Even within the SEC, the spectrum of opinion on whether college football will be played this fall is vast. On one end there’s Florida athletic director Scott Stricklin, who said the Gators are preparing as if they’ll have full stadiums each Saturday. On the other end is Tennessee professor Jon McCullers.

McCullers, an associate executive dean and an infectious disease expert, told a Memphis radio audience last week, “you’re not going to have spectators in Neyland Stadium this year. That’s just not going to happen.”

You'll note: The Gators and Volunteers are both on Georgia's schedule. So, something has to give.
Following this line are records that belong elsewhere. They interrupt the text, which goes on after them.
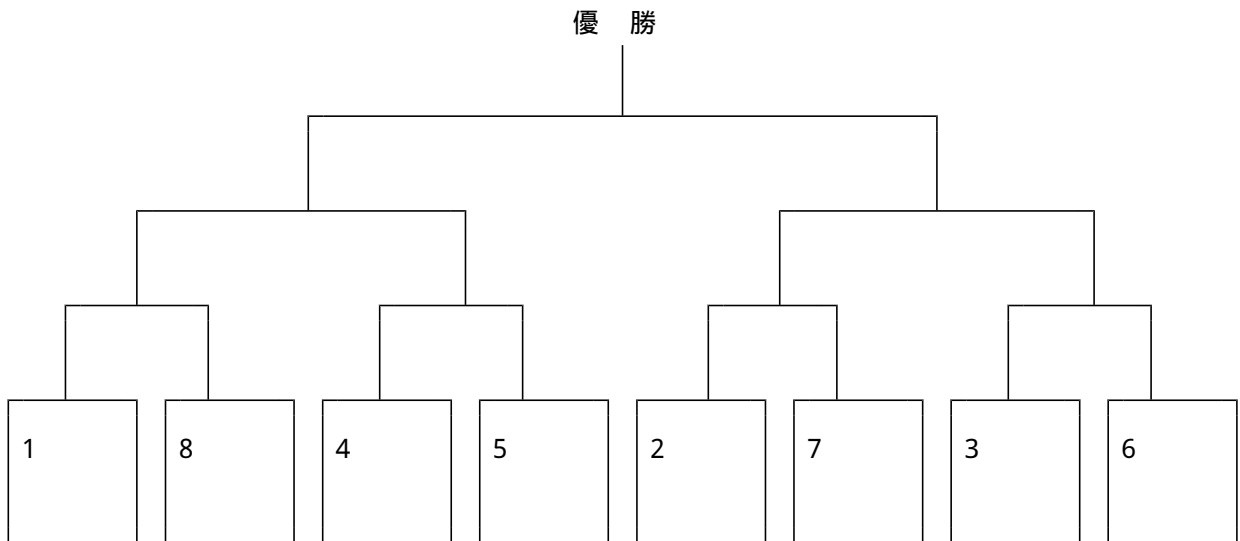

## 2 試合会場及び試合開始時刻

1 日目 ( 予選試合 )

開始時刻 \ 会場	ホール	C 3 1	C 3 2	C 3 3	C 3 4	D 3 4	D 3 5
1 3 : 2 0	高	高	高	中	中	中	中
1 4 : 5 0	中	中	中	中	高	高	高
1 6 : 2 0	高	高	高	中	中	中	

\* 「高」は、高校予選 の試合を意味し、他も同様です。

2 日目 ( 決勝トーナメント試合 )

開始時刻 \ 会場	ホール	C 3 1	C 3 2	C 3 3	C 3 4	D 3 4	D 3 5	D 3 6
9 : 0 0	高	高	高	高	中	中	中	中
1 0 : 3 0	中	中	中	中	高	高	高	高
1 2 : 0 0		高	高	高		中	中	中

\* 「高」は、高校決勝トーナメント の試合を意味し、他も同様です。

\* 審判控室は、C 2 2 教室です。

### 3 組み合わせ

中学校の部・予選（1日目）

	肯定側	否定側
	A	B
	C	D
	E	F
	G	H
	I	J
	K	A

	肯定側	否定側
	B	C
	D	E
	F	G
	H	I
	J	K

中学校の部・決勝トーナメント（2日目）

\* 数字は、予選リーグ成績の順位を意味します。

3位決定戦

5位決定戦
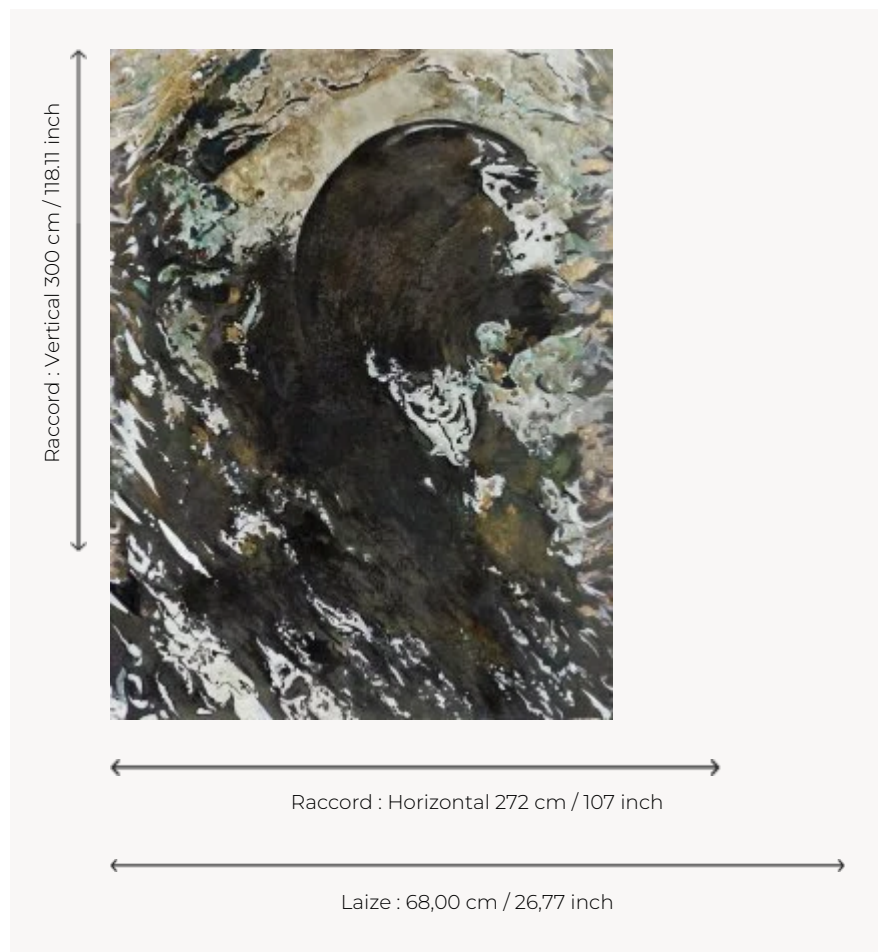

FP998001 ECLIPSE

Les coups de pinceaux de l'artiste plasticienne Caroline De Boissieu s'impriment en XXL comme par magie au mur. La matière devient vivante. Jouant avec la lumière, les accents dorés et les touches blanches de vernis révèlent ce papier peint panoramique singulier et définitivement contemporain. Impression 3D sur support doré imprimé de manière traditionnelle en intissé.

FP998001 - Lune

Pierre Frey

TYPE	Papiers peints imprimés - Papiers peints panoramiques
ARTISTE	Caroline De Boissieu
UNITÉ DE VENTE	Disponible au panneau
SUPPORT	INTISSE
COMPOSITION	-
LAIZE	68 cm / 26,77 inch
RACCORD	H: 272 cm - 107,00 inch V: 300 cm - 118,11 inch
POIDS	147 gr / m ²
ENTRETIEN	
EMARGEMENT	Emargé
POSE/DÉPOSE	Encoller le mur Arrachable au mouillé
CERTIFICATIONS	EUROCLASS C-s1,d0
NOTES	Vendu en oeuvre complète
INFORMATIONS	1 rouleau = 4 panneaux

1 Couleurs

FP998001

Lune
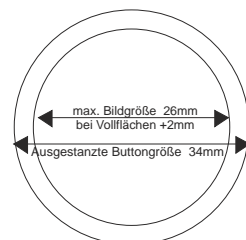

T-Shirt Druck Texi-Flock GmbH

www.texiflock.com

Kölner Str. 18

40211 Düsseldorf

Telefon 0211. 36 26 83

Telefax 0211. 35 68 49

texiflock@texiflock.com

www.texiflock.com
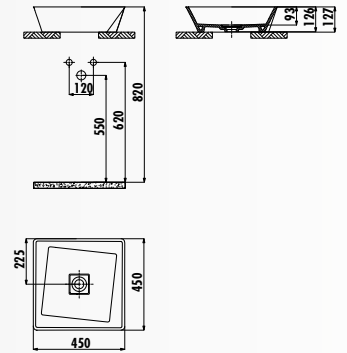

АССИМЕТРИЧНЫЕ
ЛИНИИ

СИФОНЫ
РАЗНЫХ ЦВЕТОВ

GM045-00CB00E-0000 • Раковина Геом 45 см
Накладная

Варианты цвета сифонов

AP080-00CB00E-0000 • Раковина Aqua Pura 80 см накладная

AP080-H • Поручень для полотенца Aqua Pura из нержавеющей стали
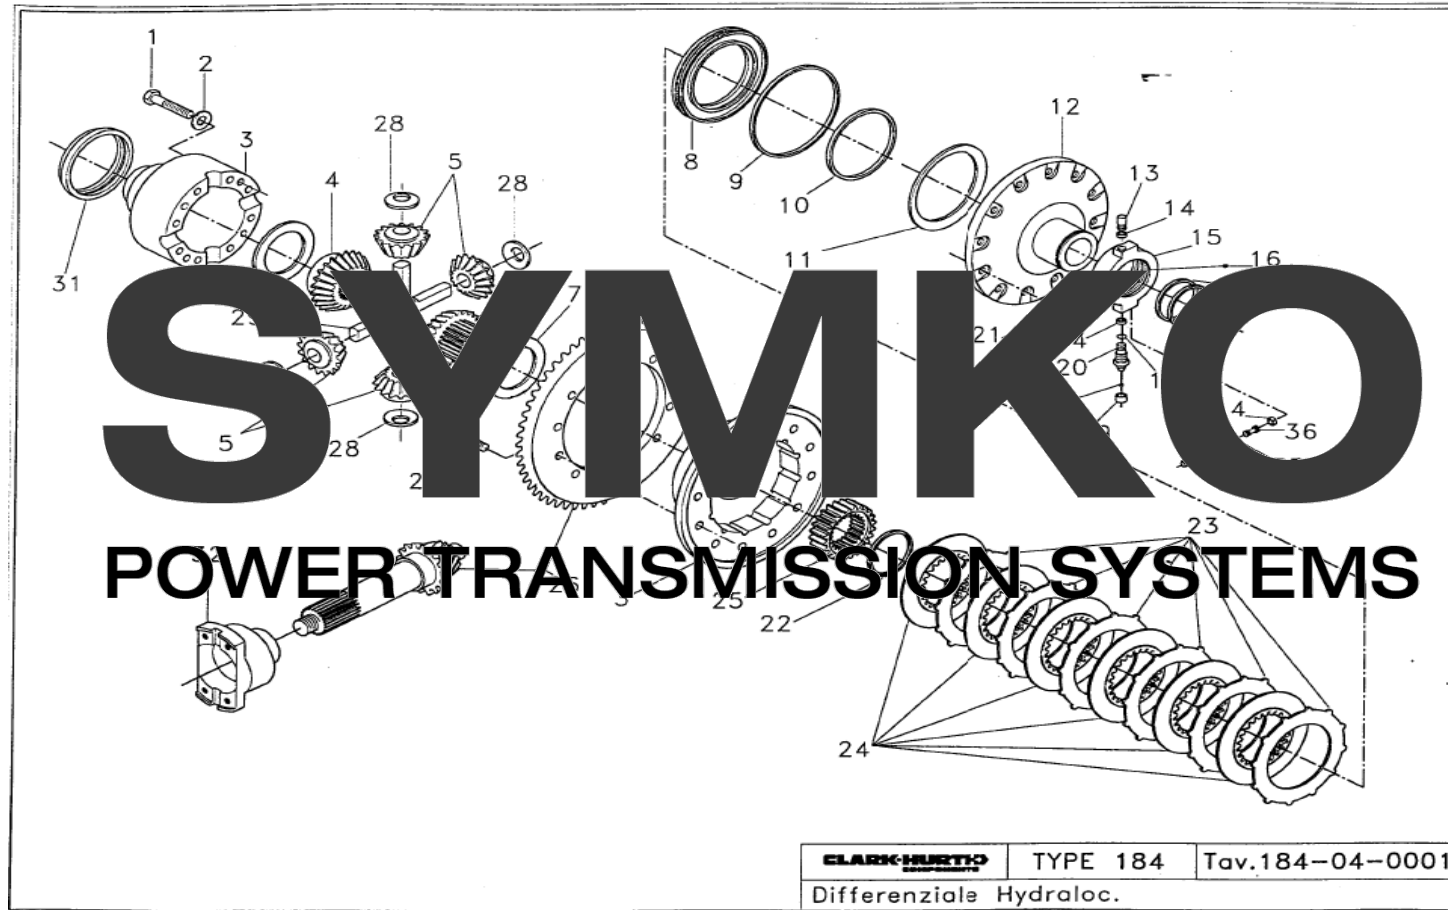

SYMKO

POWER TRANSMISSION SYSTEMS

VUES PONT DANA N° 184-060

Vue N°2

SYMKO – Parc d'activité de Tournebride – 23 Rue de la Guillauderie 44118
LA CHEVROLIERE

Tél : 02 51 70 13 13 - fax : 02 51 70 04 04

contact@symko.fr

www.symko.fr
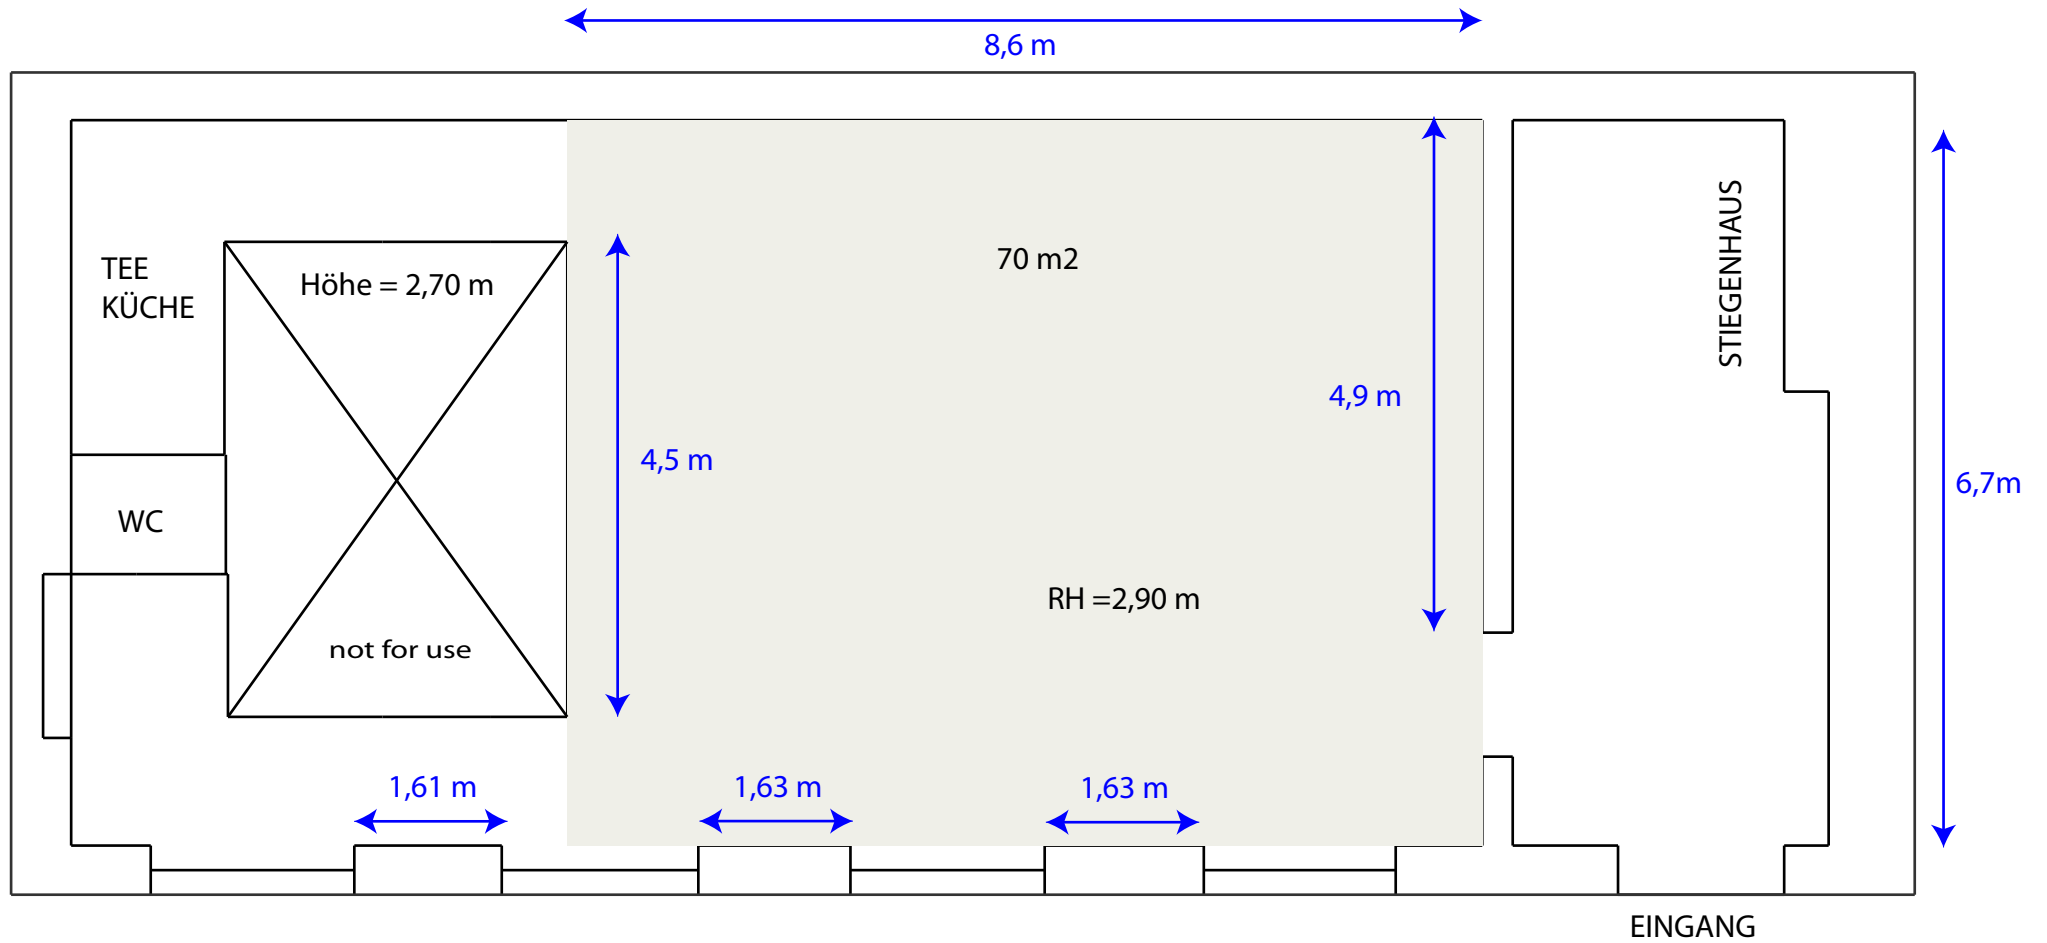

Ansprechpartnerin Barbara Höller 06991 9434054

ebenerdiger Ausstellungsraum in einem ruhigen Hinterhof. (im ersten Stock Atelier Höller)
Gaszentralheizung,
Warmwasser in der Teeküche, Kühlschrank,
Tageslichtleuchtkörper neu installiert
zwei Tische, Sessel, zwei Beamerauslässe in der Decke

HOF
1050 ZENTAGASSE 38
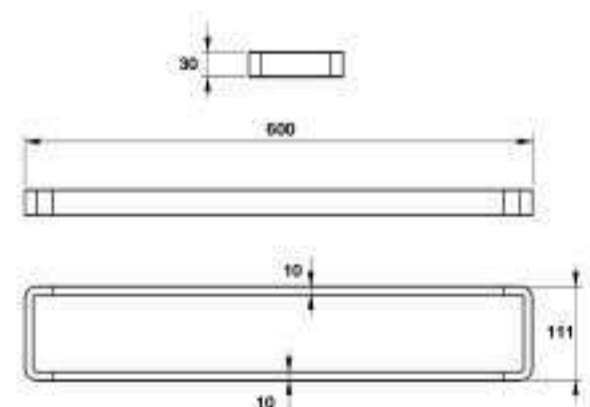

Art.No.: 495.80.236

- Chất liệu: Đồng
- Treo tường
- Màu sắc: Chrome
- Material: Brass
- Wall-mounted
- Finish: Chrome

Such range in opinion is what makes it difficult, if not impossible, to predict what is going to happen with football this year. It’s why Georgia athletic director Greg McGarity believes there really is no sense in speculating about it at this juncture.

“I tend to agree with what (Kentucky athletic director) Mitch Barnhart said: ‘There’s a rush to the microphone right now,’ for some reason,” McGarity said Tuesday. “There’s such a range of opinion that it just confuses people. There’s no consistency, not just in the SEC, but in the country.”

That’s a fact.

Oregon Gov. Kate Brown said at a news conference last week that she won’t allow “large gatherings, including live sporting events” to be held “until we have a reliable treatment or prevention like a vaccine.”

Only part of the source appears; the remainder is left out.